Wenn die nächste Bundesregierung es mit der Verkehrswende ernst meint, werden sich die ganzen Prognosen wesentlich verändern. Auch die klimaneutrale Mobilität wird zunehmen und es wird durch bessere Technik Autos mit weniger Schadstoffe und weniger Lärm geben. Ob eine Flächenversiegelung von 19 Hektar, dann noch verhältnismäßig ist, ist stark zu bezweifeln.

Diese Straße ist zudem keine Lösung der Probleme, sie wird Probleme teilweise nur verlagern teilweise sogar verursachen.

Diese Straße die parallel zur ausgebauten S4 verlaufen wird, obwohl wir doch die Menschen dazu bewegen wollen, den ÖPNV zu nutzten.

Diese Straße die mindestens 37 Mio. kostet.

Die zwar den LKW-Verkehr entlang der Jöhlinger Straße reduziert, aber laut Prognose zu mehr PKW-Verkehr führt.

Die Argumente der Anwohner der Jöhlinger Straße können wir nachvollziehen, sehen aber auch die Folgen eines Straßenneubaus.

Wir befürchten, dass das Durchfahrtsverbot für LKW ab 7,5 Tonnen aufgehoben wird und dies zu einer Zunahme des Schwerlastverkehr führt.
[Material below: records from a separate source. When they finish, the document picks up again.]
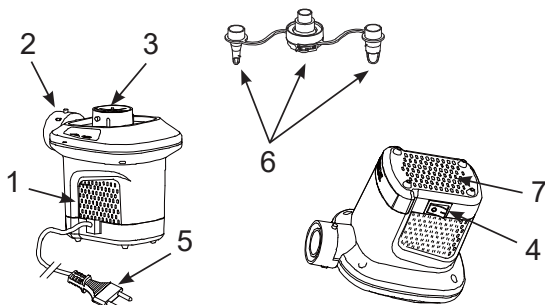

INTEX® OWNER'S MANUAL

QuickFill™ Electric Air Pump

Model AP640 220 – 240Volt ~ 50Hz 100W

READ AND FOLLOW ALL INSTRUCTIONS BEFORE USING THIS PRODUCT

! WARNING

- Adult use only.
- Do not drop unit into water or expose unit to rain or water.
- Do not direct air stream at face or body.
- Do not operate for more than 10 minutes at a time. Unplug and let cool at least 10 minutes.
- Unplug unit when not in use.
- Do not obstruct vent holes or open source.
- Do not insert objects into the inflation or deflation connector.
- The AC supply cord cannot be replaced. If the cord is damaged the appliance should be scrapped.
- To reduce the risk of electric shock, do not expose to rain. Store indoors.
- This appliance can be used by children aged from 8 years and above and persons with reduced physical, sensory or mental capabilities or lack of experience and knowledge if they have been given supervision or instruction concerning use of the appliance in a safe way and understand the hazards involved.
- Children shall not play with the appliance. Cleaning and user maintenance shall not be made by children without supervision.

FOLLOW THESE RULES AND ALL INSTRUCTIONS TO AVOID PROPERTY DAMAGE, ELECTRIC SHOCK, BURNS OR OTHER INJURY.

NAMES OF PARTS

PARTS DESCRIPTION:

1. PUMP
2. INFLATION CONNECTOR
3. DEFLATION CONNECTOR
4. SWITCH
5. AC LINE CORD
6. NOZZLES
7. VENT HOLES / SLOTS

Das wird dann ganz Walzbachtal zu hören bekommen.

Wir fordern stattdessen einen 10 Minuten Takt für die S-4 und einen deutlich günstigeren Preis für den ÖPNV.

Wir fordern einen massiven Ausbau der Fahrradwege. Fahrradwege, die zu dazu motivieren mit dem Fahrrad zur Arbeit zu fahren.

Für Teile der Grüne Fraktion geht die Stellungnahme der Verwaltung nicht weit genug und können ihr deshalb nicht zustimmen.

Zum Schluss noch ein Hinweis. Es ist gut, wenn sich Bürgerinnen und Bürger aus dem Ort kritisch mit der geplanten Umgehungsstraße auseinandersetzen. Dass die Planung Mängel hat, zeigt nicht nur die Stellungnahme der Gemeinde, sondern z.B. auch die gemeinsame Stellungnahme von BUND, Landesnaturschutzverband und Nabu. Die Mängel der Planung sind nicht konstruiert. Wir halten es auch für richtig, wenn rechtsstaatliche Instrumente genutzt werden, für die die Väter des Liberalismus gekämpft haben. Die Planungsbehörde muss in einem Erörterungstermin hier schon Rede und Antwort stehen – und wir sind sehr gespannt auf den Termin.